Supaya menjadi websiteanda.com, biayanya Rp 100.000 per th..

Untuk WordPress.org, kamu perlu cost hosting dan domain.

Biayanya hosting dan domain lebih kurang Rp 350.000 – 400.000 per tahun. Kapasitas hosting untuk harga ini biasanya 1-10 GB (tergantung sarana hosting mana)

Kesimpulannya:

WordPress.org butuh cost awal, WordPress.com dan Blogger tidak butuh. Tetapi didalam perkembangannya nanti, WordPress.org menjadi lebih tidak mahal.

Kemudahan untuk digunakan
Sebetulnya ketiganya setara.

Untuk mempelajari dasar-dasarnya, hingga kamu dapat menulis dan menerbitkan tulisan, ketiga pilihan ini serupa mudahnya.

Tapi di sini ada beberapa pertimbangan lagi:

WordPress.com dan .org lebih ringan untuk dikelola dan punya tampilan dasbor yang lebih ramah. Blogger sedikit lebih membingungkan khususnya ketika kamu ingin mencari suatu menu di dasbornya.

Meskipun begitu, bedanya tidak seberapa.

Setelah memanfaatkan selama 1-2 hari, anda akan terbiasa.

Dashboard WordPress

Ada 2 hal yang inginkan aku bahas dalam anggota ini.

Pertama, kalau kita melihat penampilan dasarnya tanpa membuat perubahan apa-pun di dalamnya.
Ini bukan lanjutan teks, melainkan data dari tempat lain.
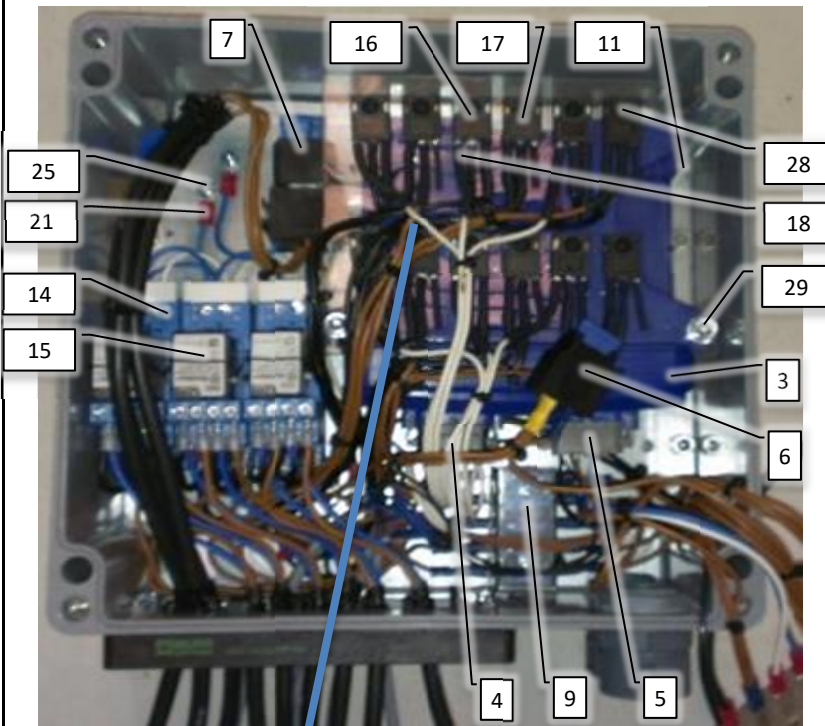

1

3

7

5

4

Pos	Psc	Number	Name	Price	Note
1	1	90510047	Oliemotor OMP 025 cc Ø25		
2	1	90510043	Hy brystnippel 3/8'x1/2' BSP		
	1	90510057	Bonded seal hydr.1/2' BSP		
	1	90515078	Hy slange 3/8' væskep 2100 AB		
3	1	90510421	Flange f/SAE-A m/Ø25 f/AR813 pos. 56		
	2	90210031	Bolt M10x50 FZB 8.8 ubryst		
	2	90210055	Møtrik M10 FZB låse		
	4	90214407	Skive M10 FZB Facet		
4	1	90320357	Væskepumpe 3 cyl. AR 813		
5	1	90310067	Afdækning f. spline aksel AR		
6	1	90320433	Slangest. G3/4'x20mm 90G ARAG		
	1	90320429	Omløber G3/4' ARAG		
	2	90325024	O-ring G3/4' Arag		
	3	90340004	Slange 19 mm - tryk		
	2	90210098	Spændebånd 16-27/12 C7 W3		
7	1	90320335	Slangest. G1'x25mm 90G ARAG		
	1	90320518	Omløber G1' ARAG		
	2	90325013	O-ring G1' Arag		
	1,5	90340044	Slange 25 mm sug		
	2	90210089	Spændebånd 25-40/12 C7 W3		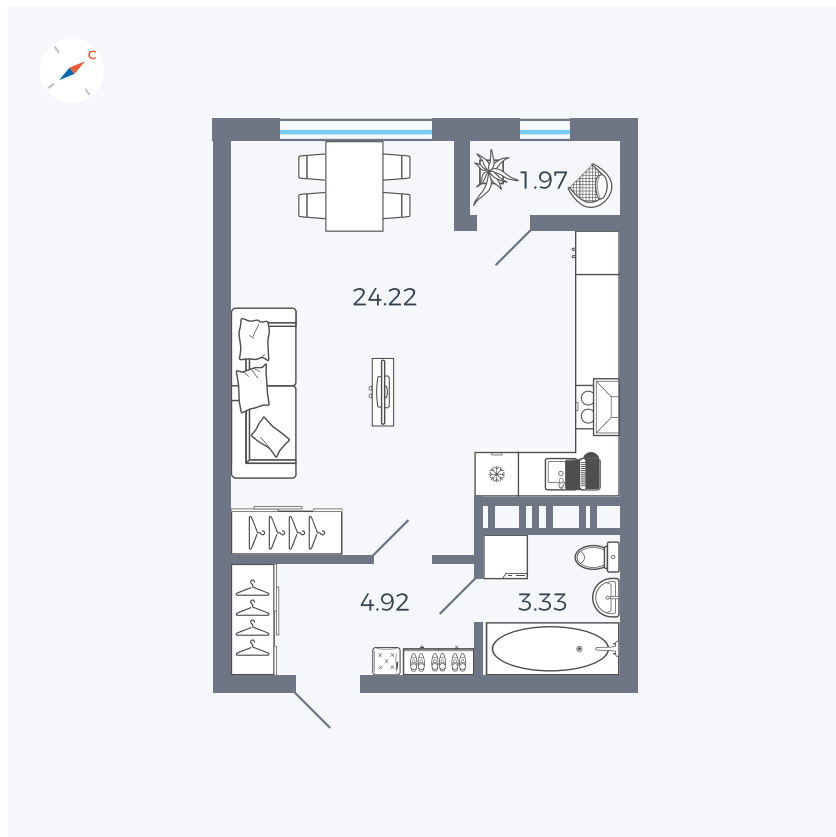

Планировка Тип 008

Квартира 363

Квартал 42 / Дом 3 / Секция 10 / Этаж 2

Комнат	Студия
Площадь	34.44 м ²
Срок сдачи	III кв. 2025
Вид из окна	Парк

Отделка

Цена:

0 ₪

Вы можете забронировать эту квартиру, или получить консультацию позвонив по номеру

WordPress (.com dan .org) unggul dibandingkan Blogger.

Ini sebab tampilan dasar Blogger layaknya telah ketinggalan masa.

Kedua, secara fleksibilitas tampilan.

Yang paling fleksibel adalah WordPress.org.
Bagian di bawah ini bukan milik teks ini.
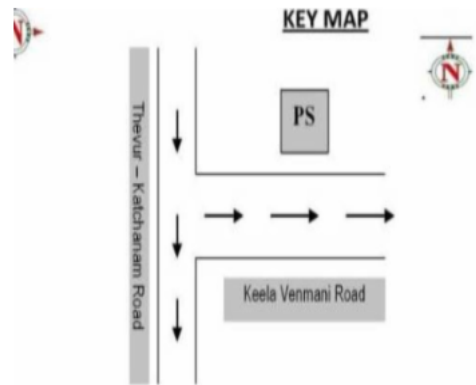

**Google Map View**

**Polling Station Building Front View**

**Polling Station Front View**

**Cad View**

**Key MAP View**

1 பெயர் : கண்ணப்பன் - தந்தையின் பெயர்: வைத்தியநாதன் - வீட்டு எண் : 1 வயது : 63 பாலினம் : ஆண்	DDQ1891399 Photo is available	2 பெயர் : நித்தியா - தந்தையின் பெயர்: ஆஜலா - வீட்டு எண் : 1 வயது : 35 பாலினம் : பெண்	ZLM0082024 Photo is available	3 பெயர் : ராஜகுமாரி கணவர் பெயர்: ரஞ்சித் வீட்டு எண் : 01 வயது : 35 பாலினம் : பெண்	ZLM1496892 Photo is available
4 பெயர் : கார்த்தி - தந்தையின் பெயர்: சம்பந்தம் - வீட்டு எண் : 1-1 வயது : 39 பாலினம் : ஆண்	ZLM0433219 Photo is available	5 பெயர் : சுரேஷ் - தந்தையின் பெயர்: சிங்காரவேலன் - வீட்டு எண் : 1-5 வயது : 43 பாலினம் : ஆண்	ZLM0035873 Photo is available	6 பெயர் : ராஜகுமாரி - கணவர் பெயர்: சுரேஷ் - வீட்டு எண் : 1-5 வயது : 41 பாலினம் : பெண்	ZLM0035675 Photo is available
7 பெயர் : ரமேஷ் - தந்தையின் பெயர்: சிங்காரவேலன் - வீட்டு எண் : 1-5 வயது : 38 பாலினம் : ஆண்	ZLM0035881 Photo is available	8 பெயர் : பஞ்சவர்ணம் - கணவர் பெயர்: ரமேஷ் - வீட்டு எண் : 1-5 வயது : 38 பாலினம் : பெண்	ZLM0580654 Photo is available	9 பெயர் : விஜயராகவன் தந்தையின் பெயர்: சிங்காரவேல் வீட்டு எண் : 1-5 வயது : 27 பாலினம் : ஆண்	ZLM1469477 Photo is available
10 பெயர் : சூர்யா கணவர் பெயர்: மணிமாறன் வீட்டு எண் : 1/5 வயது : 27 பாலினம் : பெண்	ZLM1506088 Photo is available	11 பெயர் : சத்தியா - கணவர் பெயர்: கங்காதரன் - வீட்டு எண் : 1-6 வயது : 37 பாலினம் : பெண்	ZLM0174136 Photo is available	12 பெயர் : சும்பி - கணவர் பெயர்: மேகநாதன் - வீட்டு எண் : 1-9 வயது : 35 பாலினம் : பெண்	ZLM0479220 Photo is available
13 பெயர் : குருமூர்த்தி - தந்தையின் பெயர்: குஞ்சுபிள்ளை - வீட்டு எண் : 1-11 வயது : 30 பாலினம் : ஆண்	ZLM0479113 Photo is available	14 பெயர் : அரவிந்த் - தந்தையின் பெயர்: இரவிசந்திரன் - வீட்டு எண் : 1-13 வயது : 28 பாலினம் : ஆண்	ZLM0580571 Photo is available	15 பெயர் : கன்னிகாபரமேஸ்வரி கணவர் பெயர்: அரவிந்த் வீட்டு எண் : 1-13 வயது : 27 பாலினம் : பெண்	ZLM1584895 Photo is available
16 பெயர் : அசோகன் தந்தையின் பெயர்: ரவிசந்திரன் வீட்டு எண் : 1-13 வயது : 26 பாலினம் : ஆண்	ZLM0706150 Photo is available	17 பெயர் : வீரசோழன் - தாயின் பெயர்: பத்மாவதி - வீட்டு எண் : 1-15 வயது : 34 பாலினம் : ஆண்	ZLM0209106 Photo is available	18 பெயர் : இலக்கியா - தந்தையின் பெயர்: கலியமூர்த்தி - வீட்டு எண் : 1-16 வயது : 31 பாலினம் : பெண்	ZLM0508945 Photo is available
19 பெயர் : ராதிகா தந்தையின் பெயர்: கலியமூர்த்தி வீட்டு எண் : 1-16 வயது : 26 பாலினம் : பெண்	ZLM1470152 Photo is available	20 பெயர் : சரஸ்வதி - கணவர் பெயர்: முத்துகிருஷ்ணன் - வீட்டு எண் : 1-19 வயது : 34 பாலினம் : பெண்	ZLM0580720 Photo is available	21 பெயர் : பிரபாகரன் - தந்தையின் பெயர்: வீராச்சாமி - வீட்டு எண் : 1-19 வயது : 31 பாலினம் : ஆண்	ZLM0371633 Photo is available
22 பெயர் : அபிநயா தந்தையின் பெயர்: ராமலிங்கம் வீட்டு எண் : 1/20 வயது : 19 பாலினம் : பெண்	ZLM1661115 Photo is available	23 பெயர் : துர்கா - தந்தையின் பெயர்: நமச்சிவாயம் - வீட்டு எண் : 1-23 வயது : 31 பாலினம் : பெண்	ZLM0371666 Photo is available	24 பெயர் : கமலவேணி - தந்தையின் பெயர்: ராமகிருஷ்ணன் - வீட்டு எண் : 1-28 வயது : 28 பாலினம் : பெண்	ZLM0580522 Photo is available
25 பெயர் : வேதநாயகன் - தந்தையின் பெயர்: வேணுகோபால் - வீட்டு எண் : 1-29 வயது : 33 பாலினம் : ஆண்	ZLM0295600 Photo is available	26 பெயர் : நித்யா - தந்தையின் பெயர்: வேணுகோபால் - வீட்டு எண் : 1-29 வயது : 32 பாலினம் : பெண்	ZLM0295584 Photo is available	27 பெயர் : செந்தில்நாதன் - தந்தையின் பெயர்: சுந்தரமூர்த்தி - வீட்டு எண் : 1-30 வயது : 38 பாலினம் : ஆண்	ZLM0082032 Photo is available
28 பெயர் : முரளி - தந்தையின் பெயர்: பரந்தாமன் - வீட்டு எண் : 1-32 வயது : 31 பாலினம் : ஆண்	ZLM0433078 Photo is available	29 பெயர் : கந்தன் - தந்தையின் பெயர்: நடராஜன் - வீட்டு எண் : 1-36 வயது : 32 பாலினம் : ஆண்	ZLM0295592 Photo is available	30 பெயர் : உமா - தந்தையின் பெயர்: பரந்தாமன் - வீட்டு எண் : 1-36 வயது : 28 பாலினம் : பெண்	ZLM0580647 Photo is available

Ada ribuan template gratis dan berbayar yang mampu kamu memakai. Kalau kamu tetap tidak bahagia, bisa juga rubah sendiri hingga cocok selera.

Di peringkat ke-2 adalah Blogger.

Meskipun pilihan template di Blogger tidak banyak, namun tampilannya dapat kamu pindah sendiri cocok selera kecuali anda paham HTML dan CSS.

Sedangkan WordPress.com paling tidak fleksibel. Hanya tersedia sedikit pilihan template dan tidak bisa diubah-ubah ulang.

Peringkat untuk fleksibilitas tampilan:

WordPress.org
Blogger
WordPress.com

Fitur
Kalau kami menyaksikan fitur basic sebagai CMS, ketiganya setara. Sama-sama dapat mengakibatkan post dan page, memasukkan gambar, video, dan multimedia lain.

Tapi blogger memiliki kelemahan:

1 halaman dibatasi cuma mampu berukuran 1 MB. Jadi kamu tidak bakal dapat mengakibatkan 1 halaman yang memuat banyak gambar.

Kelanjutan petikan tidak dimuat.